Patients and Method: Stress-rest Gated
Myocardial Perfusion SPECT using Tc99m
myoview was performed in 20 subjects with
LBBB with probability of CAD. Visual
analyses of the slice images and revision
results of Gated SPECT study were done on
end diastolic (ED), end systolic (ES)
images, regional wall motion and wall
thickness for evaluation of the perfusion of
septum.
Results:
Visual analysis of stress-rest
slices: 1) Reversible septal hypoperfusion
was noted in 13 (65%) patients. 2) Fixed
septal defects in 4 (20%). 3) Three patients
(15%) had normal septal perfusion.
Quantitative analysis of gated study:
1) Out of the 13 patients with reversible hypoperfusion, 8 (40%) show normal findings on Gated SPECT and only the remaining 5 (25 %) patients had true reversible hypoperfusion. 2) The 4 patients with fixed septal defects show normal findings on Gated SPECT
Conclusion:
The use of Gated myocardial perfusion scintigraphy particularly end-diastolic images can help in the evaluation of septal perfusion, wall motion and thickening and hence differentiate true perfusion defects from false patterns in cases of LBBB. Heart Views. 2008;9(2): 56-60. © Gulf Heart Association 2008.
Keywords: Myocardial perfusion SPECT ¨ Left Bundle Branch Block ¨ Coronary disease
Introduction
Left bundle branch block (LBBB) is a conduction
abnormality, which results in an abnormal
polarization pattern and abnormal systolic
phase in the septum, which affects the
extent of septal wall thickening during
systole1.
In stress Myocardial Perfusion SPECT studies using Tc99m
Myoview, reversible septal perfusion defects
may occur in patients with LBBB. Decreased
coronary flow reserve, a shortened diastolic
filling time, and thinned septum as part of
a LBBB process mimicking exercise-induced
ischemia in about 30% to 90% of cases
depending on whether visual or quantitative
(Gated) analysis is applied4.
Perfusion images in routine MPS are the sum of frames
of all the phases of cardiac cycle. Abnormal
systolic phase “pollutes” perfusion images
in patient with LBBB4.
Septal perfusion defects have been observed at stress
perfusion scintigraphy in patients with LBBB
and normal coronary arteries on angiography
due to asynchronous relaxation of the
septum, which is out of phase with diastolic
filling of the reminder of the ventricle,
during which coronary perfusion is maximal.
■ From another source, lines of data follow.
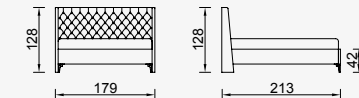

Kingston

Kingston Bedstead (160)
WITH STORAGE

KG: 167,0 m²: 0,82

Kingston Bedstead (180)
WITH STORAGE

KG: 177,5 m²: 0,89

Lazio

Lazio Bedstead (160)
WITH STORAGE

KG: 161,5 m²: 1,00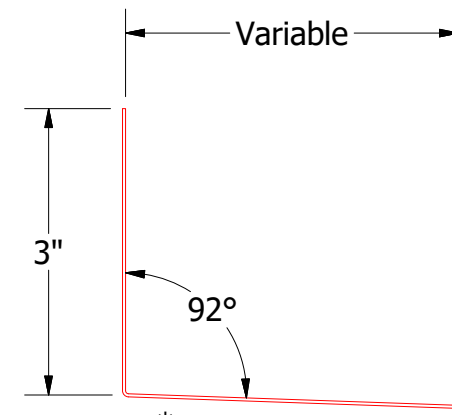

Horizontal Panel

Flashing
(Field Fabricated From Color Matched Flat Stock)

Starter Cleat

VSA661-Base Trim

ATAS ATAS INTERNATIONAL, INC
Allentown PA
610-395-8445
Mesa AZ
480-558-7210

TITLE **Versa-Line Open Base Detail**

REV. NO.	DATE	DESCRIPTION OF REVISION	BY	APP	DR	DMR	DATE	1/18/2017
					APP		DATE	
					SH. SIZE	B	SCALE	X:X

At higher heart rates the degree of septal
asynchrony relative to the R-R interval is
greater than at rest, making septal
perfusion defects appear as reversible
ischemia5.
These false positive results may be avoided by using ECG gated
myocardial perfusion SPECT technique. As
evaluation of ECG Gated Myocardial Perfusion
Scintigraphy has improved the field of
nuclear cardiology, making simultaneous
assessments of myocardial perfusion status
in different phases of the cardiac cycle,
regional wall motion, thickness and pumping
function of heart3.
Purpose
To evaluate the value of Gated myocardial perfusion
SPECT technique for enhancing the accuracy
in reporting myocardial perfusion defects in
LBBB patients.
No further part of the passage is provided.